TASK DETAILS =>
Using the records below, output the stretch that opens with the line containing "All rights reserved." and closes with the line containing "WIRELESS GAMING MOUSE", exactly and including both lines, with nothing more.

Records drawn from a dataset
★ ★ ★
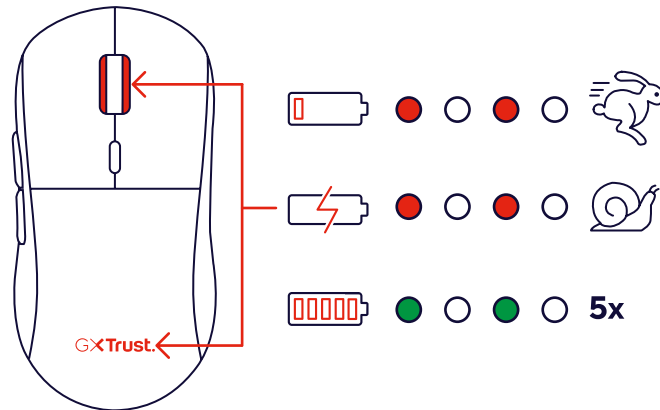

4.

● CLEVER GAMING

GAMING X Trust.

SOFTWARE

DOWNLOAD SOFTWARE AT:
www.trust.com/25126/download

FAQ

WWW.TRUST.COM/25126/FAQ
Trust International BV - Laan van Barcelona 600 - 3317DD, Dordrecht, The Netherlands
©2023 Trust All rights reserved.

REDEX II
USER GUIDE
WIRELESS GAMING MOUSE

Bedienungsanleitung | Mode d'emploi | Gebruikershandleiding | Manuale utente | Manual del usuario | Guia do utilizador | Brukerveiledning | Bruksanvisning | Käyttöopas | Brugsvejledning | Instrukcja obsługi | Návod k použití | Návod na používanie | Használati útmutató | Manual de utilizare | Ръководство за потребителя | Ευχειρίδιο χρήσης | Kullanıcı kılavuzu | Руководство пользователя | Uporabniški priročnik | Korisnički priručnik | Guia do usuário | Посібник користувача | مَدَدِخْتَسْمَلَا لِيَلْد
★ ★ ★
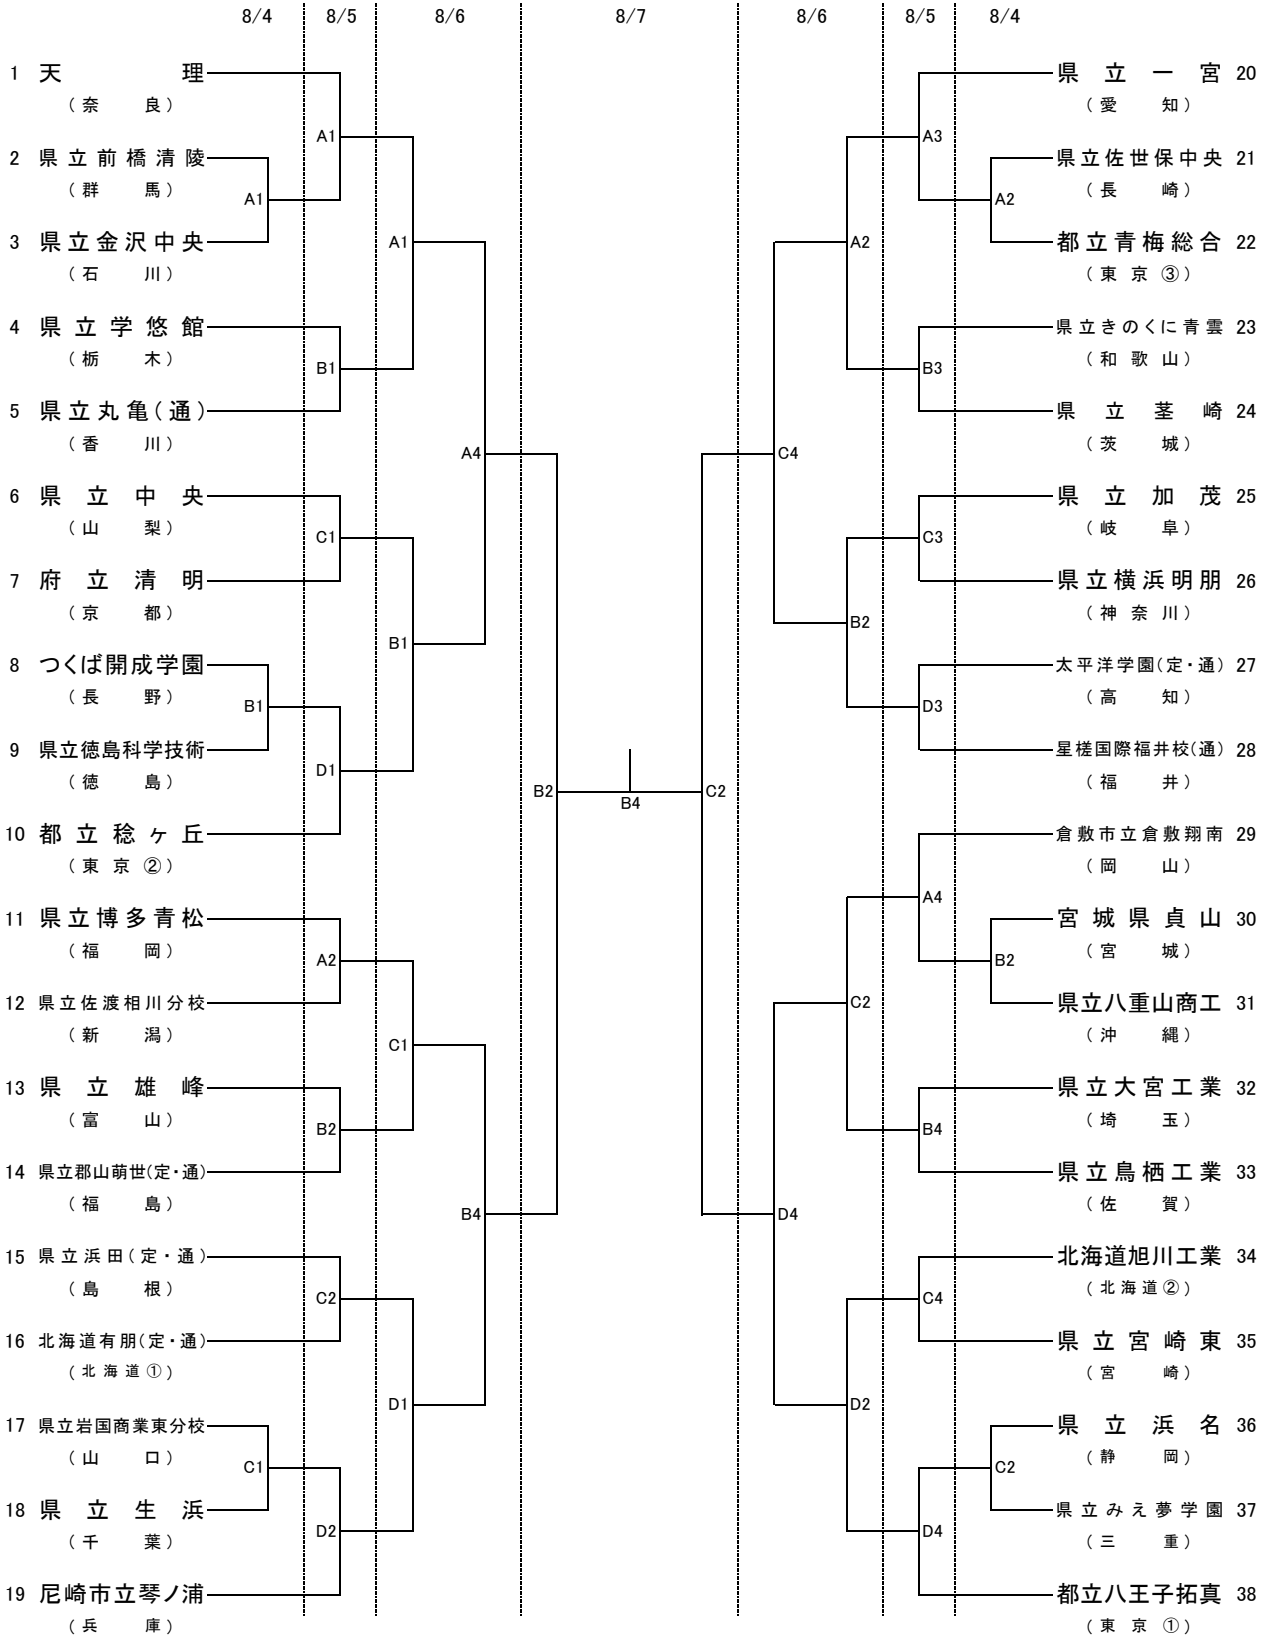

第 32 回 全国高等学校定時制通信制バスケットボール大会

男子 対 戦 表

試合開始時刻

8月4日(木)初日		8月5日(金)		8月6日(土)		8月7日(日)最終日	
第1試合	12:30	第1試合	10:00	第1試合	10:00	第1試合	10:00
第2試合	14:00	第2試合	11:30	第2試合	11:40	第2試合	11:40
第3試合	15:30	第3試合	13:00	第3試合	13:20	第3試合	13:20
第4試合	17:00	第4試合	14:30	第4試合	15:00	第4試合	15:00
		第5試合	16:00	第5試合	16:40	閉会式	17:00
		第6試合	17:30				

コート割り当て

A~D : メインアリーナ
★ ★ ★
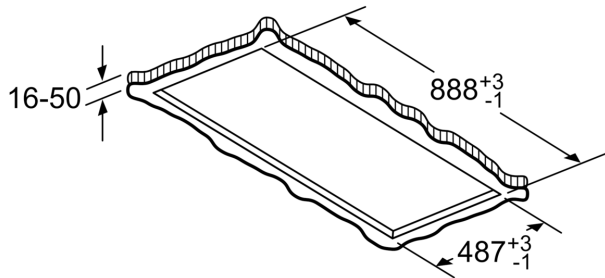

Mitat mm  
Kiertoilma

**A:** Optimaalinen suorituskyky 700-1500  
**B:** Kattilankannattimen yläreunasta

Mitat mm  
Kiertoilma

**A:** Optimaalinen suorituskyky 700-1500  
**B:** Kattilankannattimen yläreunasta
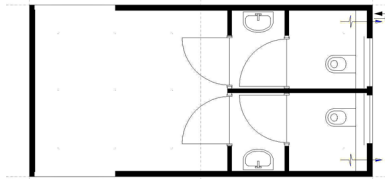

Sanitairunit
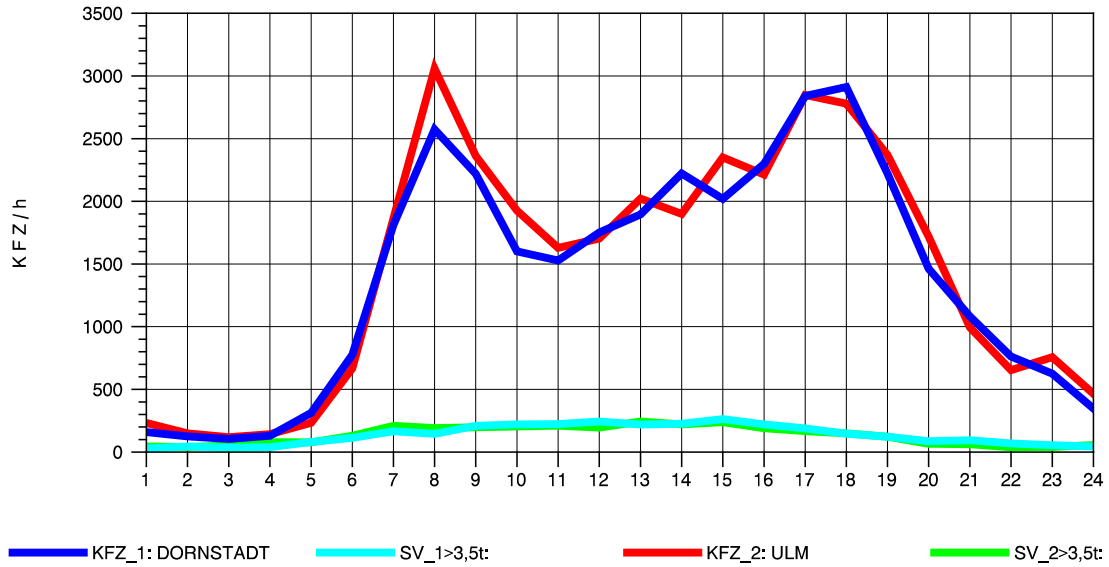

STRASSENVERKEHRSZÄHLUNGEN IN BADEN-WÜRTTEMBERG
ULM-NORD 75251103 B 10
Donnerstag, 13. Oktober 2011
★ ★ ★
SOLUTION TO THIS PROBLEM =>
©2023 Trust All rights reserved.

REDEX II
USER GUIDE
WIRELESS GAMING MOUSE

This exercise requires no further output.